One thing I think I can write about, briefly, is the publication process that I’m currently learning about for the first time in my scientific career. I recently submitted a manuscript with two collaborators to a journal that specializes in computational science, and it was out for peer review about a month ago. We recently received comments back from just the first of two external reviewers, who are not affiliated with the journal directly but presumably experts in the area of research that we are in.
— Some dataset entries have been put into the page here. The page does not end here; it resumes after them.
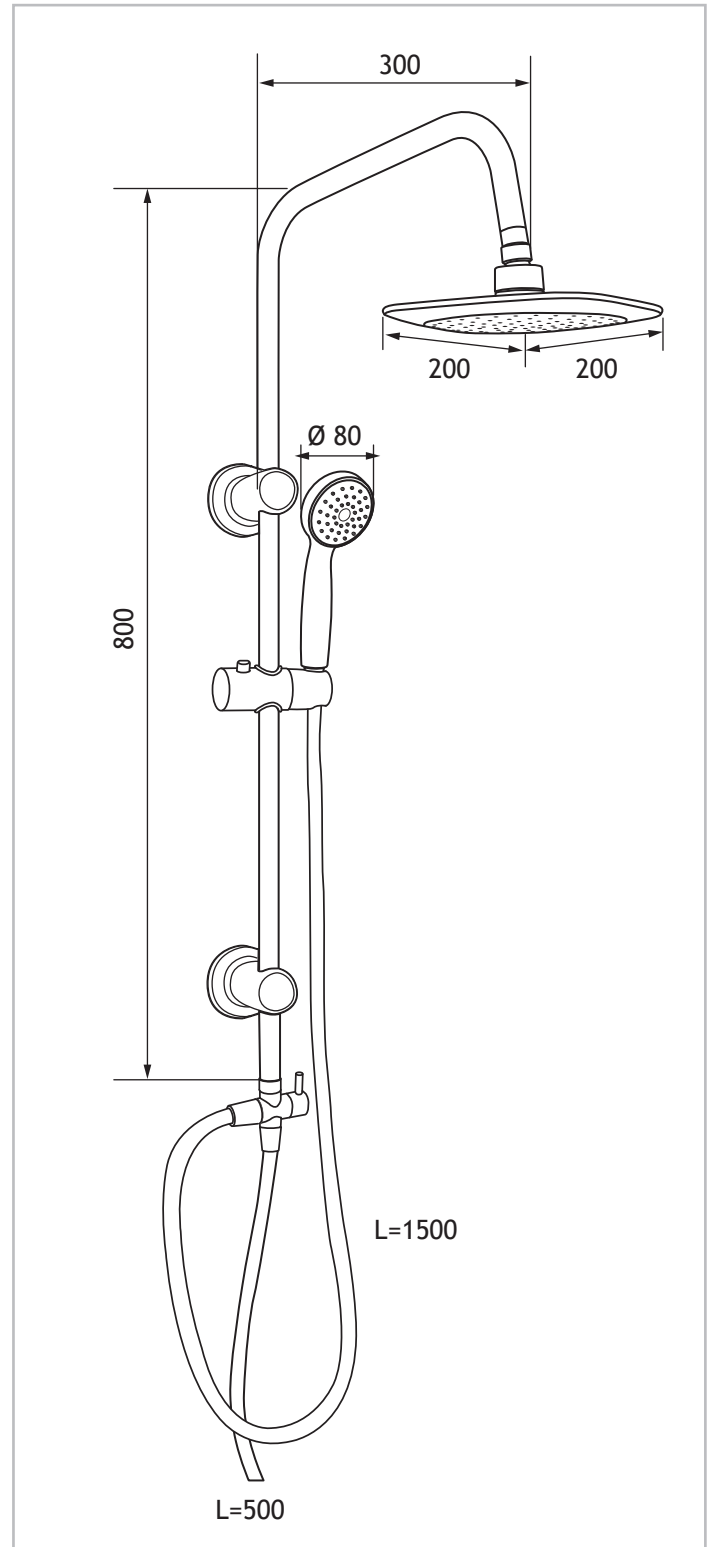

form[®]
& style

BAHAMA

DE | Duschsystem mit Umsteller

SE | Takduschset med omkopplare

EN | Shower system with diverter

CZ | Sprchový systém s přepínačem

FR | Système de douche avec inverseur

SK | Sprchový systém s prepínačom

IT | Sistema doccia con convertitore

RO | Sistem de duș cu comutator

Art. 10611153

NL | Douchesysteem met omsteller

PL | System prysznicowy z przełącznikiem

Maßangaben in mm / Dimensions in mm

For this first reviewer, the respectfulness of the written comments and questions was greatly appreciated, and I proceeded to incorporate changes and answer questions from that reviewer. The second reviewer apparently did not submit comments to the authors (us), but upon inquiring about this, it turns out that the second reviewer simply did not fill out the review form correctly and the comments to the editors were allowed to be forwarded. The tone of the comments was more caustic, almost accusatory, though there were several valuable points that were made. The reviewer made a few comments that were not at all constructive, simply providing an opinion without any possible suggestions for meeting his or her otherwise arbitrary criteria. I refrain from giving examples here due to confidentiality. Finally, the reviewer was simply wrong about the guidelines of the journal itself in at least one comment that was made, which makes satisfactory revision on this point impossible. Given the tone of this reviewer’s argument, I expect a difficult task in appeasing him or her for the revised submission.